(Stored data entries)
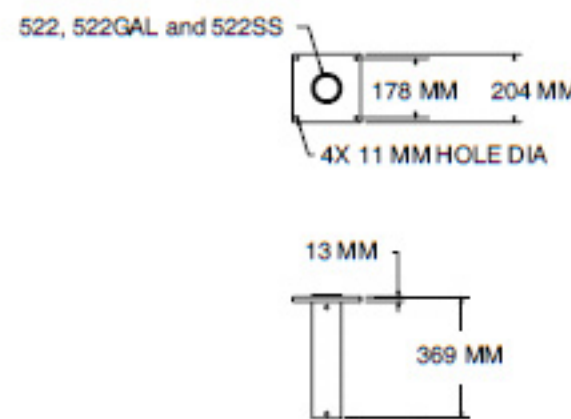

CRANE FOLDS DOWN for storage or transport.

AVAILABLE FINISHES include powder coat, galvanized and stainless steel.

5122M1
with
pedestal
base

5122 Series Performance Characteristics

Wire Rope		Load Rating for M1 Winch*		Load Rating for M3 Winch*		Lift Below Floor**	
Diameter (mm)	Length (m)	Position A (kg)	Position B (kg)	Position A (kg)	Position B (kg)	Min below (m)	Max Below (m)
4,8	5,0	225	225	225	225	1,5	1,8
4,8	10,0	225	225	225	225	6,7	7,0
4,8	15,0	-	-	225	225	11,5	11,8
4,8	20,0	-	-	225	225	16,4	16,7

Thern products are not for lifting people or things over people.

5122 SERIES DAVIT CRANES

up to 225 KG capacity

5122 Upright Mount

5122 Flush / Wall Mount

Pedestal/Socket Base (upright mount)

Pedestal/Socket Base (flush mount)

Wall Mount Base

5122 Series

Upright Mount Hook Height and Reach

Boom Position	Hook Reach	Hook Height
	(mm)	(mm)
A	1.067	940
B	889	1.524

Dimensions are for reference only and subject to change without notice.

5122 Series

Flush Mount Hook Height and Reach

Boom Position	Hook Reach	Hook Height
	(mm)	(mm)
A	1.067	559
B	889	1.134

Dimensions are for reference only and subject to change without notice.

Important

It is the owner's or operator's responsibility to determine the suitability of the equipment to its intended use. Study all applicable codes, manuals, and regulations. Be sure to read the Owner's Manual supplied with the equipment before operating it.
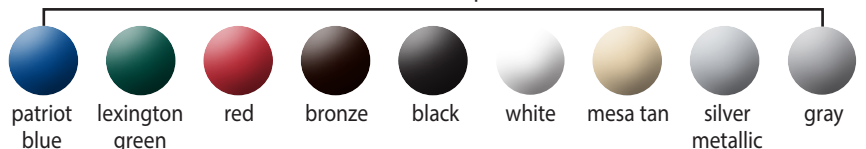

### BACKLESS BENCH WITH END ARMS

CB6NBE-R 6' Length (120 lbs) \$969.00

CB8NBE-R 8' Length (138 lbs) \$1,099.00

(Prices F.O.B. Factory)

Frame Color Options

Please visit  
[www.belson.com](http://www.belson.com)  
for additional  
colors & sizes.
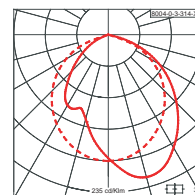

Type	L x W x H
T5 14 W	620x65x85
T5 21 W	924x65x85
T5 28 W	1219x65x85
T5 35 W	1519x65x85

Problem to work on | The entries are to be written out in full and exactly, apart from the pictures.

Exercise answer |
CRANE FOLDS DOWN for storage or transport.

AVAILABLE FINISHES include powder coat, galvanized and stainless steel.

5122M1
with
pedestal
base

5122 Series Performance Characteristics

Wire Rope		Load Rating for M1 Winch*		Load Rating for M3 Winch*		Lift Below Floor**	
Diameter (mm)	Length (m)	Position A (kg)	Position B (kg)	Position A (kg)	Position B (kg)	Min below (m)	Max Below (m)
4,8	5,0	225	225	225	225	1,5	1,8
4,8	10,0	225	225	225	225	6,7	7,0
4,8	15,0	-	-	225	225	11,5	11,8
4,8	20,0	-	-	225	225	16,4	16,7

Thern products are not for lifting people or things over people.

5122 SERIES DAVIT CRANES

up to 225 KG capacity

5122 Upright Mount

5122 Flush / Wall Mount

Pedestal/Socket Base (upright mount)

Pedestal/Socket Base (flush mount)

Wall Mount Base

5122 Series

Upright Mount Hook Height and Reach

Boom Position	Hook Reach	Hook Height
	(mm)	(mm)
A	1.067	940
B	889	1.524

Dimensions are for reference only and subject to change without notice.

5122 Series

Flush Mount Hook Height and Reach

Boom Position	Hook Reach	Hook Height
	(mm)	(mm)
A	1.067	559
B	889	1.134

Dimensions are for reference only and subject to change without notice.

Important

It is the owner's or operator's responsibility to determine the suitability of the equipment to its intended use. Study all applicable codes, manuals, and regulations. Be sure to read the Owner's Manual supplied with the equipment before operating it.

### BACKLESS BENCH WITH END ARMS

CB6NBE-R 6' Length (120 lbs) \$969.00

CB8NBE-R 8' Length (138 lbs) \$1,099.00

(Prices F.O.B. Factory)

Frame Color Options

Please visit  
[www.belson.com](http://www.belson.com)  
for additional  
colors & sizes.

Type	L x W x H
T5 14 W	620x65x85
T5 21 W	924x65x85
T5 28 W	1219x65x85
T5 35 W	1519x65x85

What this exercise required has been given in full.